We take the exact opposite approach: default to Alpine based images, only use another base OS if Alpine doesn't work for some reason. The majority of our underlying code base isn't C-based, so maybe that's why Alpine has been successful for us, but as always, everyone's situation is different and YMMV.
The dockerfile is optimized for “works for the most number of people out of the box”. There was debate over using the ruby v ruby-slim image. Ultimately it was decided to go with the larger image to maximize compatibility.
That said, keep using Alpine! There’s no reason for folks to stop doing what they’re already doing if it’s working for them.
The new dockerfile is meant more for people who are just getting started that aren’t familiar with Docker or Linux.
I assume because Debian/Ubuntu works more likely out of the box. I tried to use Alpine but ran into various issues in our sad big corporate setup. Additionally, ruby provides base docker images in these too.
Small side project, meaning anything that's fine with occasional downtime.
You should run at least 2 servers for redundancy, regardless of size. You just can't lean on a single server, even if you can squeeze thousands of RPS out of it (big doubt).
It will inevitably fail, and you will have downtime.
The Dockerfile is not optimized for a development environment. It might work for some cases, but this default file is really all about “how can the probability of a successful production deployment be improved out of the box?”
Getting a Docker compose dev env working is another can of worms. Maybe I should write about that next?
Dockerized applications can still reach services on the localhost, but you may want to take a look at docker compose so you get your application and backing systems in one place.
It makes your local development environment incredibly resilient.
Do you have an example how that would work? I unsuccessfully spent quite a while trying to get a docker container running rails to talk to a docker container running postgre. And I wanted to postgre container to persist to the host's disk so I could save state between runs. Maybe that wasn't the best way to do it though?

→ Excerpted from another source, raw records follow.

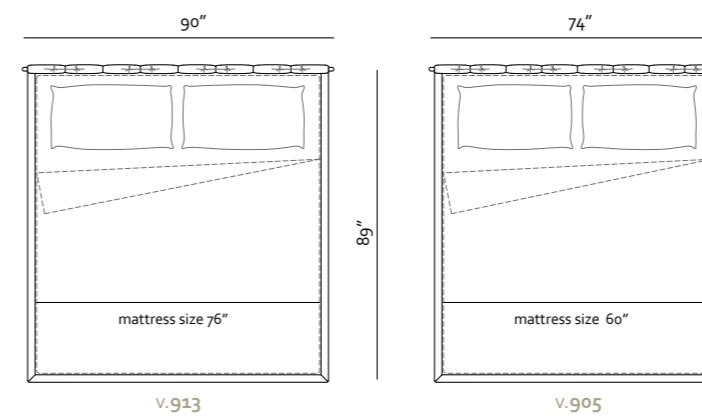

— Finitura piedi / Legs finishes
Finition de pieds / Acabados de pies

22
Bronzato
Bronze
Bronze
Bronce

patented model

Muzzle bed_

Misure Europee - European Sizes

Misure Americane - American Sizes

— Finitura piedi / Legs finishes
Finition de pieds / Acabados de pies
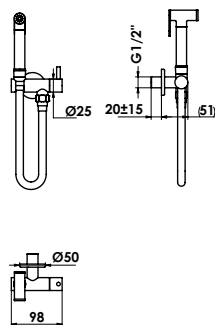

RTSHARP120A.BLK	5606779198389	TA150/210
RTSHARP120A.GLD	5606779198396	TA235/329
RTSHARP120A.CRM	5606779198402	TA65/91
RTSHARP120A.RSG	5606779198419	TA235/329
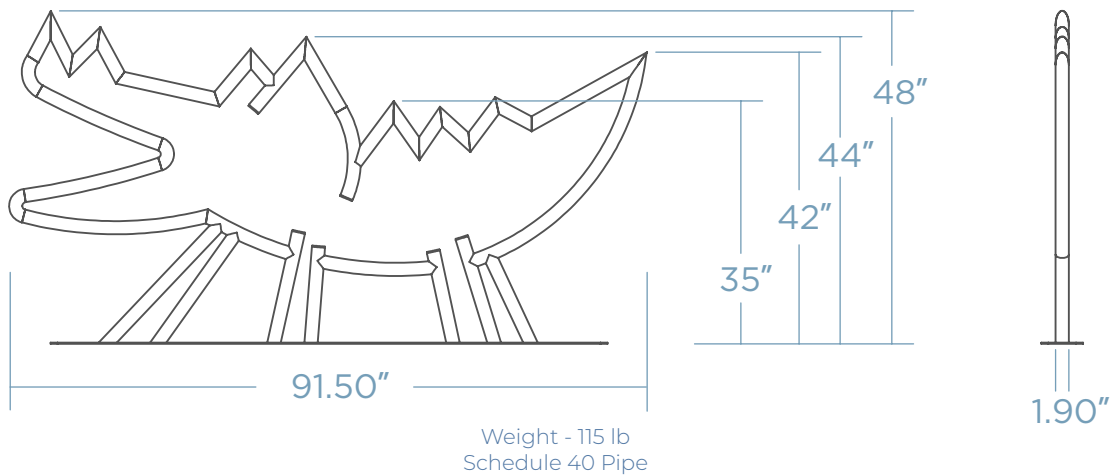

# ALLIGATOR BIKE RACK

Unleash a touch of wild charm with our Alligator Bike Rack – a daring blend of nature-inspired design and functionality engineered to securely hold two bikes. Mimicking the fierce silhouette of an alligator, it adds an adventurous edge to any outdoor space. Crafted from durable materials, it stands as a sturdy and eye-catching fixture in parks, trails, or nature reserves. Make a statement about your love for cycling and untamed beauty with the Alligator Bike Rack – where practicality meets reptilian allure.

**PLACEHOLDER  
FULL HIGH RES  
IMAGE NOT  
AVAILABLE**

 x 2 COST \$\$\$\$

## DIMENSIONS
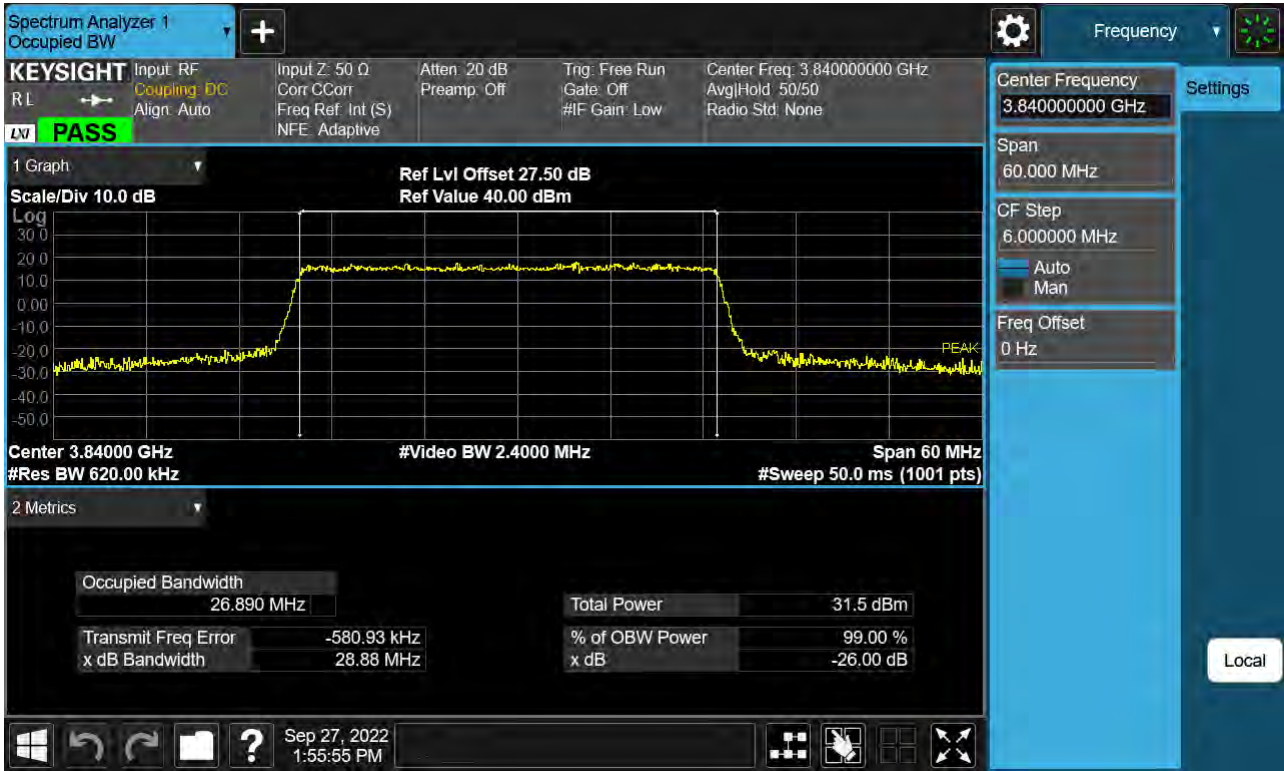

Sub6 n77. Occupied Bandwidth Plot (30 M BW Ch.656000 16QAM)

It isn't explicitly explained, but the reason why it must be in this command and not separated out is because each command in a dockerfile creates a new "layer". Removing the files in another command will work, but it does nothing to decrease the overall image size: as far as whatever filesystem driver you're using is concerned, deleting files from earlier layers is just masking them, whereas deleting them before creating the layer prevents them from ever actually being stored.